Kubernetes is a great system for handling clusters of containers (whether on cloud or on-premise), but deploying and managing containerized applications for ML can be a challenging task.
Kubeflow is known as a machine learning toolkit for Kubernetes. It is an open source project used for making deployments of Machine Learning workflows on Kubernetes simple, portable, and scalable. It is used by data scientists and ML engineers who want to build, experiment, test and serve their ML workloads to various environments.
Some of the main components that make Kubeflow useful include:
- Central Dashboard, that provides access to the other main components through a Web UI,
- Notebook Servers, to set up Jupyter notebooks
- Katib, for automated tuning of ML model's hyperparameters
- Pipelines, for building end-to-end ML workflows, based on containers
Until now, the Kubeflow community has presented applications on CPUs or GPUs. FPGAs can be used to speedup ML applications but so far the integration and the deployment was hard.
InAccel FPGA resource manager makes much easier the deployment and integration of FPGAs to higher programming frameworks. With InAccel FPGA plugin for Kubernetes, the applications can be easily accelerated without worrying about resource management and utilization of the FPGA cluster.

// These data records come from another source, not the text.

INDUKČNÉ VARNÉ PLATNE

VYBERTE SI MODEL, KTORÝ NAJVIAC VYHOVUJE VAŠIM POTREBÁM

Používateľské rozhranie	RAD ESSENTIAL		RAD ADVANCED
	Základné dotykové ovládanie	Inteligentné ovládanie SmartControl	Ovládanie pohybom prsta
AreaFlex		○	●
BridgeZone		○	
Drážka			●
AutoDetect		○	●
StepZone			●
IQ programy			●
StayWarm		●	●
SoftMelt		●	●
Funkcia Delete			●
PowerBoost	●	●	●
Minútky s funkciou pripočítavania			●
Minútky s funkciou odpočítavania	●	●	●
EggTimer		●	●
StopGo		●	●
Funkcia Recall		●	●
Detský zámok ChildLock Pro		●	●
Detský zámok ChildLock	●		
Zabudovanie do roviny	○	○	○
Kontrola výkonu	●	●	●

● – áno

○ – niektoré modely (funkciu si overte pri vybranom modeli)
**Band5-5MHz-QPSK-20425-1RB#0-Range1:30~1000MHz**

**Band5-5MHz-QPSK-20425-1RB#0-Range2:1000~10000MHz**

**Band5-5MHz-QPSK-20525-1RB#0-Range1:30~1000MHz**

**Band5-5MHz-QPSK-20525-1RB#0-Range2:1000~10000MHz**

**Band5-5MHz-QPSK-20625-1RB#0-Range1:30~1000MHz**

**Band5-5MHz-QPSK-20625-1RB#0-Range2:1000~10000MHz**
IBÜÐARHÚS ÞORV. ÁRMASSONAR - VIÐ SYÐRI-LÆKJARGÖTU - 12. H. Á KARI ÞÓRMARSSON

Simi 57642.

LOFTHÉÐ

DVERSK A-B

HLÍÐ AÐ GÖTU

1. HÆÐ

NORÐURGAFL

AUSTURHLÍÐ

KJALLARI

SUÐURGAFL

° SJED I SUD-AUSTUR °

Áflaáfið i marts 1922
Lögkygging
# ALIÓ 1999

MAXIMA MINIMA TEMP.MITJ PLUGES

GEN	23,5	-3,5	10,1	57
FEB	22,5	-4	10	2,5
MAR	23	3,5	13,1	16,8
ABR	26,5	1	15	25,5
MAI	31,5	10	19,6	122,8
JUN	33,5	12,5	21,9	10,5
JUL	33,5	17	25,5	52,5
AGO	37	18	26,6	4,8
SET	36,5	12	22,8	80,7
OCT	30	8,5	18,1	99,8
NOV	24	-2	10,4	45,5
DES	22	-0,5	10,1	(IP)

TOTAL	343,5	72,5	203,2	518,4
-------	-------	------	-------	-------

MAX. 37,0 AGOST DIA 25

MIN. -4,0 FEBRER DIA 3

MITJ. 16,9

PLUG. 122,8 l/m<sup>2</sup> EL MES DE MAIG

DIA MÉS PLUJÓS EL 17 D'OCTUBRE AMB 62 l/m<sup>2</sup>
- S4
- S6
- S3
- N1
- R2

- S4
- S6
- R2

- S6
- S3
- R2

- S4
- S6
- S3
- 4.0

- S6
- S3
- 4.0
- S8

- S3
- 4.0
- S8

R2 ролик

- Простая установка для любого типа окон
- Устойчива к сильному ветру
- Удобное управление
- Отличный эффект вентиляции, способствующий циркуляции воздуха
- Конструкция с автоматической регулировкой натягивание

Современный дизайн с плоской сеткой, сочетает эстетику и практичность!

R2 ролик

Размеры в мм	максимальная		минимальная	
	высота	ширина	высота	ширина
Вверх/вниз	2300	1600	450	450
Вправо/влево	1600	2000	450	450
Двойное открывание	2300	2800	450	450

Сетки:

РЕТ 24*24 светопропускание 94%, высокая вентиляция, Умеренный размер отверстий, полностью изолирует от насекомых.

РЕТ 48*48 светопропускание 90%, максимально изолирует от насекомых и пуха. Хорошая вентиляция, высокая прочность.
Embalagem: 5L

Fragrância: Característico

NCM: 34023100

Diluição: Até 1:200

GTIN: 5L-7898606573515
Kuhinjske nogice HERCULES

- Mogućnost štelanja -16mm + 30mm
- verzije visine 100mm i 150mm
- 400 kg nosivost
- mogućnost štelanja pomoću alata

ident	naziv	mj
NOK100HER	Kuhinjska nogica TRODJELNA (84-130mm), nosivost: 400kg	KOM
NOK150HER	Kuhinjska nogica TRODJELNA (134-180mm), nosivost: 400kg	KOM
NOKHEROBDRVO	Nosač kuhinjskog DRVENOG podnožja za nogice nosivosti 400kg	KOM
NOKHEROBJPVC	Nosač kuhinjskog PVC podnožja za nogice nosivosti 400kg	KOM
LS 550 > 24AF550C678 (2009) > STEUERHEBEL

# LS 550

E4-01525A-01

A complete guide on how to set up a complete machine learning application using FPGAs with Kubeflow on any existing Kubernetes cluster, is provided on this Tutorial lab.
The headache of every ML Engineer
Hyperparameter tuning is the process of optimizing the algorithm parameters to maximize the predictive accuracy of a model. If you don’t use Katib or a similar system for hyperparameter tuning, you would need to run many training jobs yourself, manually adjusting the hyperparameters to find the optimal values.
Searching for the best parameters takes away important time from other stages of the Data Science lifecycle. So, tools that monitor and automate this repetitive training process do not suffice and need to be accelerated, in order to let the professionals concentrate a bit more on stages like business understanding, data mining etc.
Accelerated XGBoost on Katib
XGBoost is a powerful machine learning library that has recently been dominating applied machine learning since it makes it really easy to build any predictive model. But, improving the model is difficult due to the many available parameters and requires careful tuning to fully leverage its advantages over other algorithms.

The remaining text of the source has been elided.